## WHAT YOU WILL DO
In the entries that follow, find every line containing "START" and copy it.

Items from a dataset:
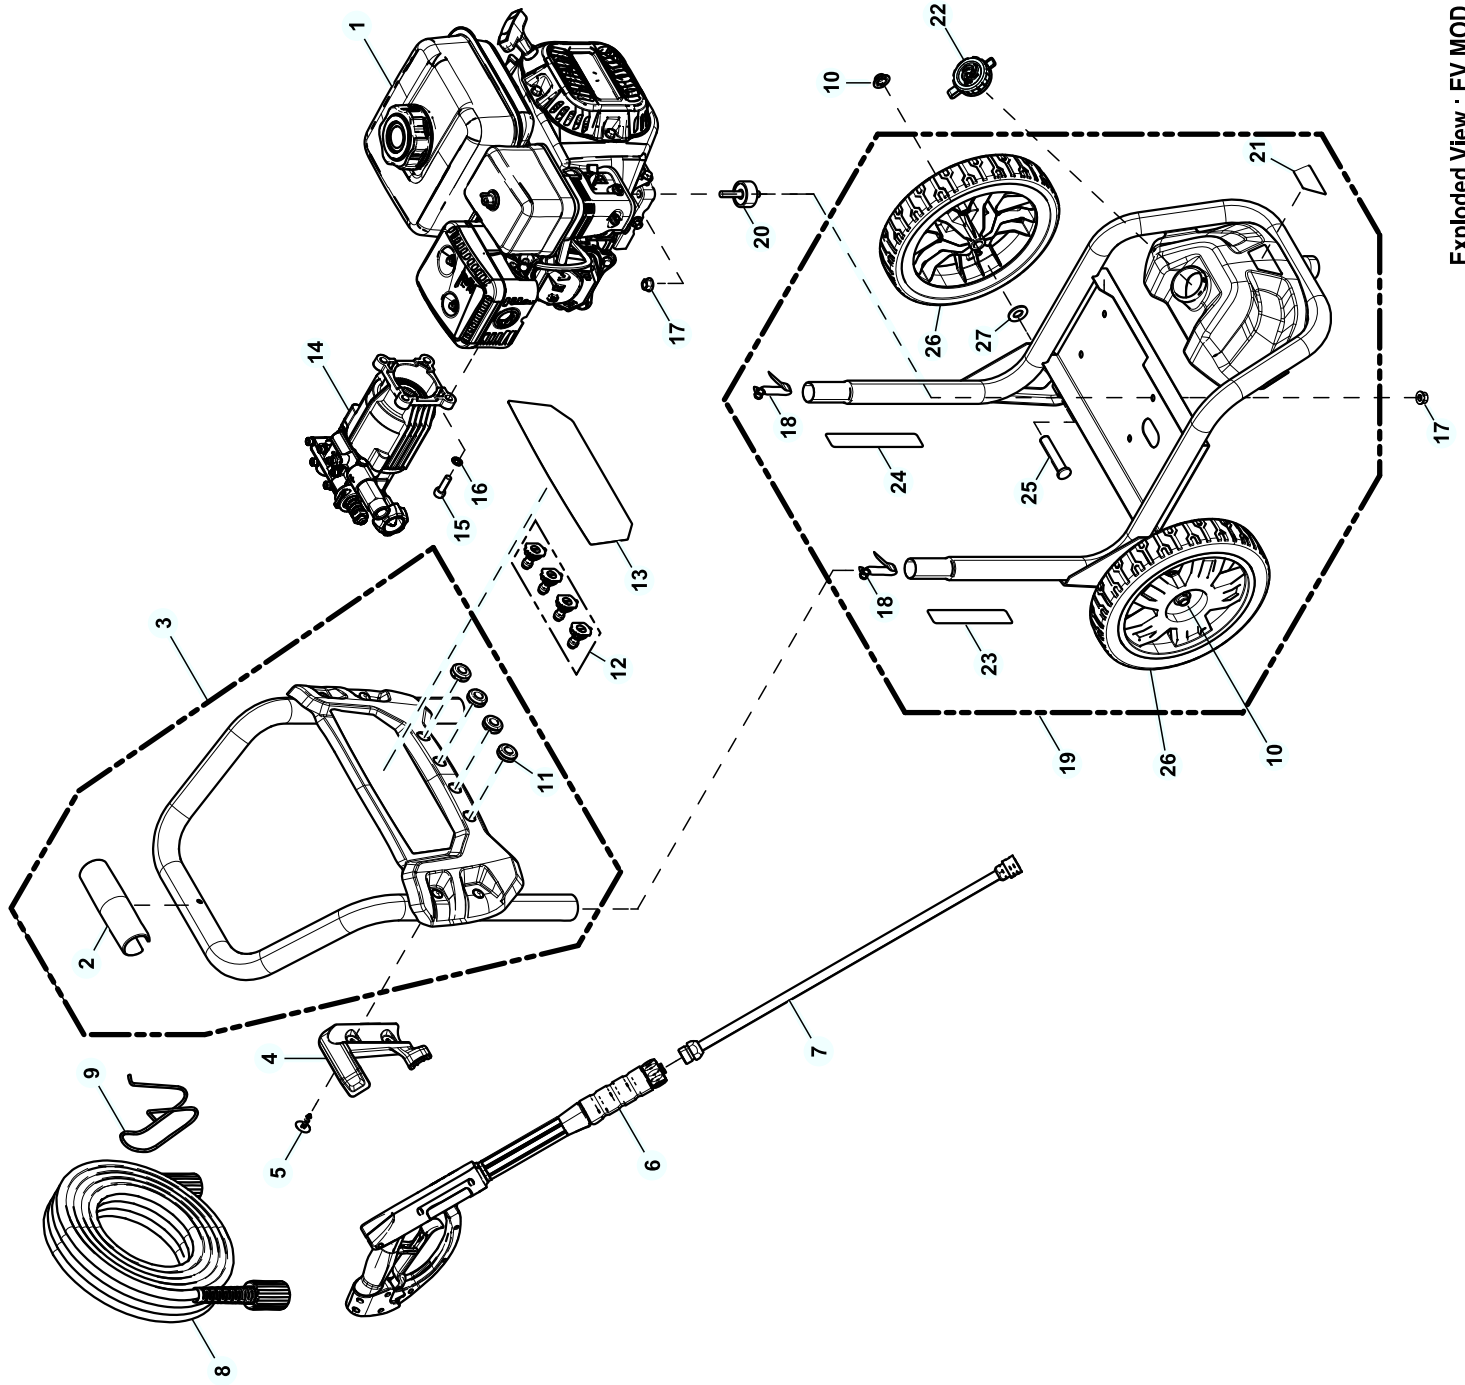

GROUP EV

EXPLODED VIEW: EV MOD PLTFRM 2900PSI**DRAWING #: 10000045894****GROUP EV**

| ITEM | PART# | QTY. | DESCRIPTION |
|-------------|--------------|-------------|---------------------------------------|
| 1 | 0K8430 | 1 | ENGINE |
| 2 | 0L4739 | 1 | HANDLE C-GRIP |
| 3 | 10000012847 | 1 | HANDLE KIT PW RESI NO DECAL |
| 4 | 0L4738 | 1 | HOLSTER GUN |
| 5 | 0J1449 | 2 | FASTENER RIBBED SHANK CHRSTM T |
| 6 | 0H9642A | 1 | GUN ASSEMBLY |
| 7 | 0H9640 | 1 | LANCE ASSY-20" LONG |
| 8 | 0K0921 | 1 | HOSE 25'X1/4" W/M22 CONN |
| 9 | 0J3052 | 1 | HOOK-HOSE |
| 10 | 0K9974 | 2 | PUSH NUT |
| 11 | 0J3079 | 4 | GROMMET-NOZZLE |
| 12 | 10000042074 | 1 | KIT-NOZZLE |
| 13 | 10000045893 | 1 | DECAL NOZZLE BILLBOARD 2900 |
| 14 | 10000037099 | 1 | PUMP AXIAL |
| 15 | 0J3315 | 4 | SCREW SHC M8-1.25X25 C8.8 ZP |
| 16 | G092479 | 4 | WASHER LOCK M8 RIBBED |
| 17 | G067989 | 8 | NUT HEX FL WHIZ M8-1.25 |
| 18 | 0G5442 | 2 | SNAP BUTTON |
| 19 | 10000027441 | 1 | CRADLE KIT |
| 20 | G021217 | 4 | VIB MOUNT |
| 21 | 0L2091 | 1 | DECAL NO NOT USE BLEACH |
| 22 | 0K4078A | 1 | CAP CHEM TANK W/HOSE CUTOUT |
| 23 | 0J3374 | 1 | DECAL QUICK START |
| 24 | 0K6007 | 1 | DECAL QUICK START |
| 25 | 10000021533 | 2 | PIN AXLE |
| 26 | 0J6276 | 2 | WHEEL |
| 27 | G0G22704 | 2 | WASHER |
| 28 | 10000044632 | 1 | HOSE CHEMICAL WITH FILTER (NOT SHOWN) |
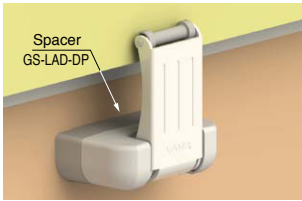

SPACER GS-LAD-DP

For over 25mm thickness door.

Item Name	t_1	Door Thickness (t)	Material	Colour	Weight (g)
GS-LAD-DP1	18	25~35	POM	Grey	58
GS-LAD-DP2	25	30~40			67
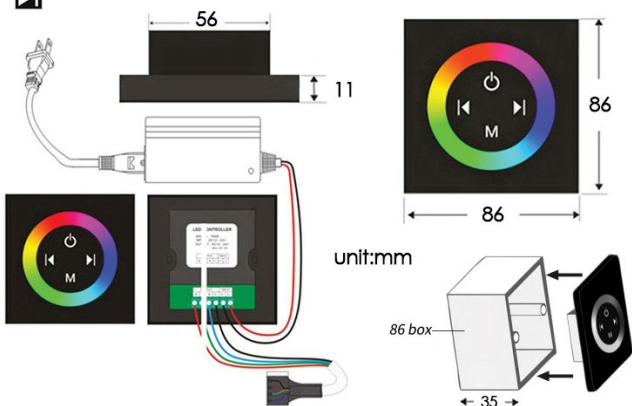

LUXURIOUS TOUCH PANEL CONTROLLED MATTE BLACK THERMOSTATIC RECESSED CEILING MOUNT LED MUSICAL RAINFALL SHOWER SYSTEM WITH HAND SHOWER AND JETTED BODY SPRAYS SPECIFICATIONS

Shower Panel /Hose Material: 304 Stainless Steel
 Shower Head Size: 900*300 mm
 Showerheads Install: Embedded Ceiling Mounted
 Concealed Mixer Install: Wall-Mounted
 LED Shower Head Functions: Rainfall, Waterfall, Mist, Water Column
 Water Pressure: 0.3 MPA
 Water Flow: 16L/min~28L/min
 Shower Accessories Material: Brass
 LED Light: Need to Connect Power
 LED Light Color: 64 Color
 Shower Hose Length: 1.5M
 AC: 100-265V 50/60Hz
 Music: Need Bluetooth

Product shown is only for installation display purpose

Touch Panel Control

- Turn On/Off Control
- MANUAL MODE**
Total 64 colors
- Auto mode setting
- AUTO MODE**
Total 11 Auto mode
- Set the speed of color change, fast/slow

All dimensions and specifications are nominal and may vary. Use actual products for accuracy in critical situations.

Shower Mixer

Product shown is only for installation display purpose

Hand Shower

Flow Rate: 2.0 GPM / 7.6 LPM

Shower Mixer Connections

Body Jet

FEATURES

- Material: Brass
- Base Plate Height: 5-1/8"
- Base Plate Width: 5-1/8"
- Jet Surface Area: 3-1/8"
- Surface Depth: 1/4"
- Adjustment Angle: 5°
- Male NPT Connection: 1/2"
- Maximum Flow Rate: 2.5 GPM (9.5L/min) max @ 80 psi
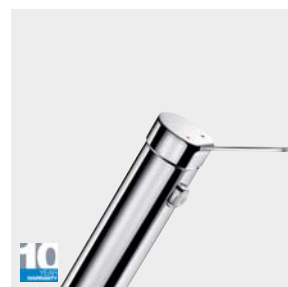

BIOSAFE mechanical mixer

Mechanical mixer with no spout and Securitouch thermal insulation to prevent burns.

- BIOSAFE hygienic spout outlet integrated into the body
- Smooth interior and very low water volume
- Flow rate limited to 4 lpm at 3 bar
- Thermal shocks are possible
- Available with Pressure Balancing (EP)
- Copper tails

With waste	26206	£140.69
No waste	26216	£119.37
EP, with waste	26206EP	£172.66
EP, no waste	26216EP	£151.34
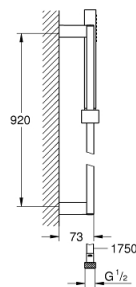

## 27 700 000 EUPHORIA CUBE STICK SHOWER RAIL SET 1 SPRAY

### PRODUCT DESCRIPTION

- Colour: chrome
- consisting of:
  - hand shower (27 698)
  - spray pattern: Standard spray
  - maximum flow rate (at 3 bar): 15 l/min
  - shower rail 900 mm (27 841)
  - shower hose Silverflex 1750 mm 1/2" x 1/2" (28 388)
  - GROHE DreamSpray - perfect spray pattern
  - GROHE LongLife finish
  - GROHE SpeedClean - effortless limescale removal
  - Inner WaterGuide - inner insulation for surface protection
  - TwistStop - to prevent hose from twisting
  - suitable for instantaneous heater
  - min. recommended pressure 1.0 bar

27 700 000 **EUPHORIA CUBE STICK SHOWER RAIL SET 1 SPRAY**

**SPARE PARTS**

- 1: Glide element (Spare part-nr. 48180000)
- 2: Shower rail holder (Spare part-nr. 48179000)
- 3: Dirt strainer (Spare part-nr. 0700200M)
- 4: Compensation disc (Spare part-nr. 27845000)\*
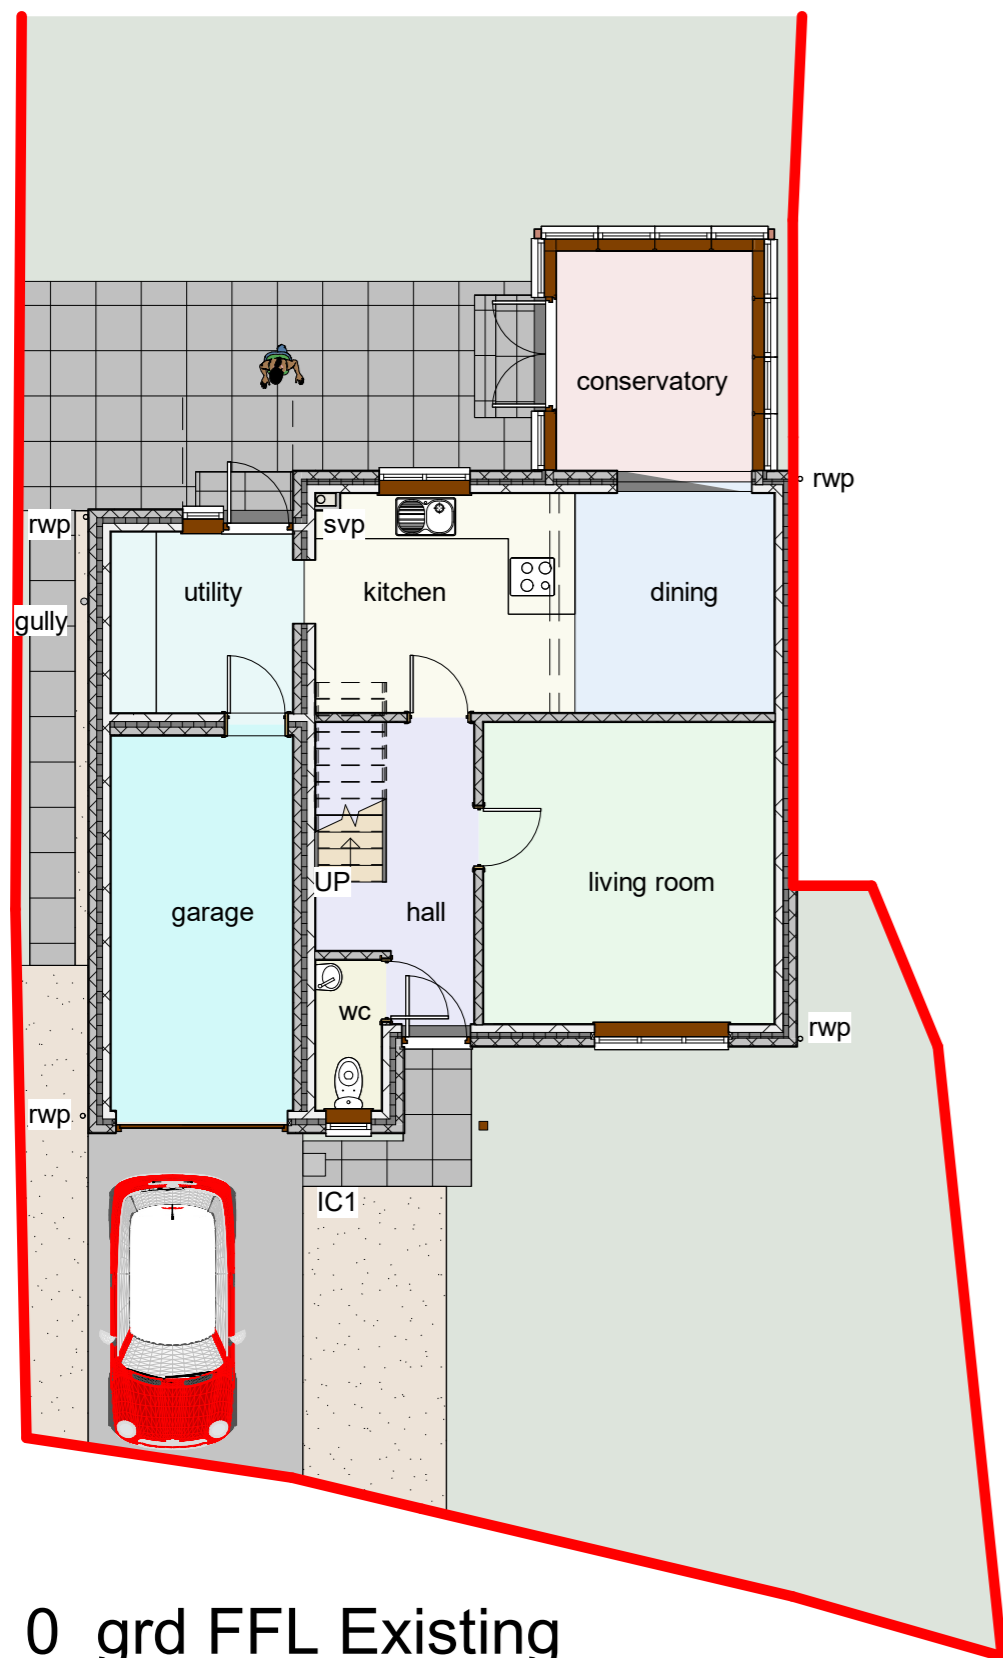

2 REAR
1 : 100

3 SIDE GARAGE
1 : 100

4 SIDE
1 : 100

1 0_grd FFL Existing
1 : 100

- Roof Tiles
- Walls Brickwork below dpc and a rendered walls
- Windows Brown upvc d.g
- RW Goods Brown pvc half round

Dwg at A2
0 1 2 3 4
5m long scale at 1:100

5 3D Existing Rear

rev	date	description
Planning		Building Regs
Maison Design		
architectural practice		
25 Caldicot Road		tel 01291 422712
Rogiet		E mail
Monmouthshire		mark@maisondesign.biz
NP26 3SE		WEB www.maisondesign.biz
<small>Copyright of this drawing or part thereof is by Maison Design and not to be copied</small>		
Project	Existing Layout	
Name	Barry Turner 15 Birdwood Gardens Mathern NP16 6UF	
Date	March 2022	MH-9055
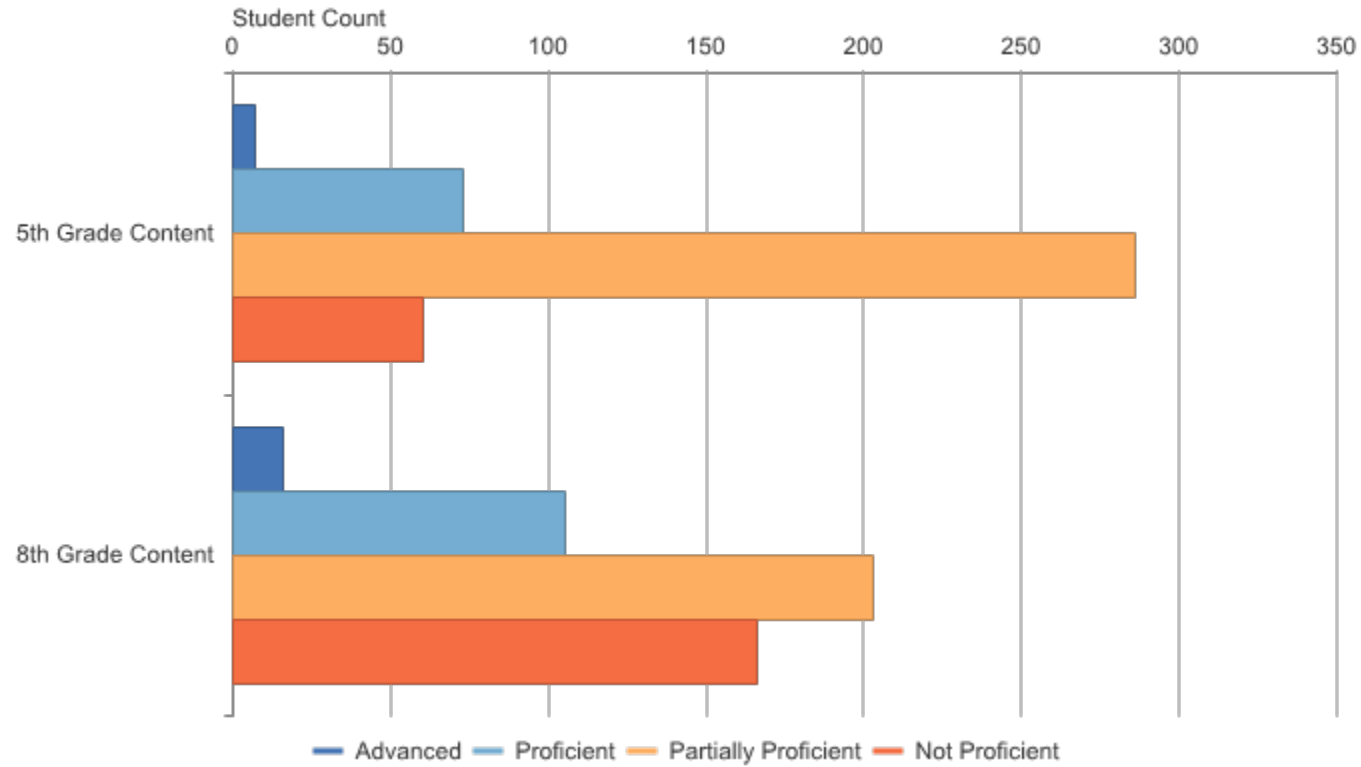

Grades 3-8 Assessments: Performance Level Snapshot Delta-Schoolcraft ISD (21): 2015-16 / M-STEP / All Grades (Compared) / Social Studies / All Students
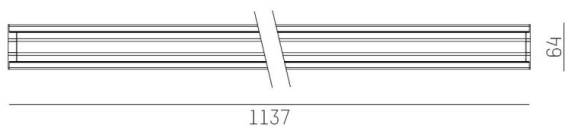

TRAIL

610-1254031716060

TRAIL LIGHT INSERT IP54 WB UGR MOUNTING RAIL LIGHT INSERT made of aluminium, black, similar to RAL 9005, linear optics beam 90°, light output direct, with converter, max. 600mA, dimmability: not dimmable, through wiring 7-polig, IP54

DRAWING

TECHNICAL DETAILS

System perform. [W]	61
Bulb type	LED
Current sec. [mA]	600
Colour temp. [K]	6500K
CRI	>80
Optics	high quality linear optics
Designer	INHOUSE
Converter	with converter
Dimming	not dimmable
Light output	direct
Beam angle [°]	90°
Voltage [V]	220-240V 50/60Hz
Through wiring	7-polig
Material	aluminium
Length [mm]	1137
Width [mm]	64
Height [mm]	25
IP protection class	IP54
Voltage class	protection cl. I
Shock resistance	IK06
Net weight [kg]	1,40
Colour lamp	black
RAL	9005
EAN-Number	9010870181199
Lifetime [h]	L90 B10 70 000
Ambient temperature	-20° bis +50°
Energy efficiency cl.	C
No. of luminaires B16A	22
IFS suitable	Yes
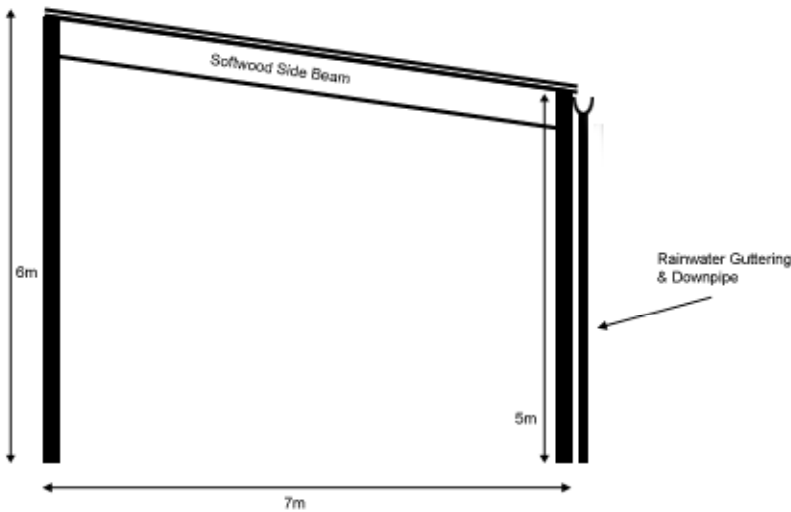

Hay and Straw Store Front Elevation

Hay and Straw Store Rear Elevation

Hay and Straw Store West Elevation

Hay and Straw Store East Elevation

Hay and Straw barn Size : 7m Width x 7m Length
 Front Height : 6m
 Back Height : 5m

Straw & Hay Bale Capacity : 1,400 Bales

Dark Oak stained timber finish to all timber parts
 Grey Galvanised Steel Roofing Material

Swithland Agricultural Holdings

Hay and Straw Store
 10th September 2009

## RESULT FOR THIS TASK
| 23 | 0J3374 | 1 | DECAL QUICK START |
| 24 | 0K6007 | 1 | DECAL QUICK START |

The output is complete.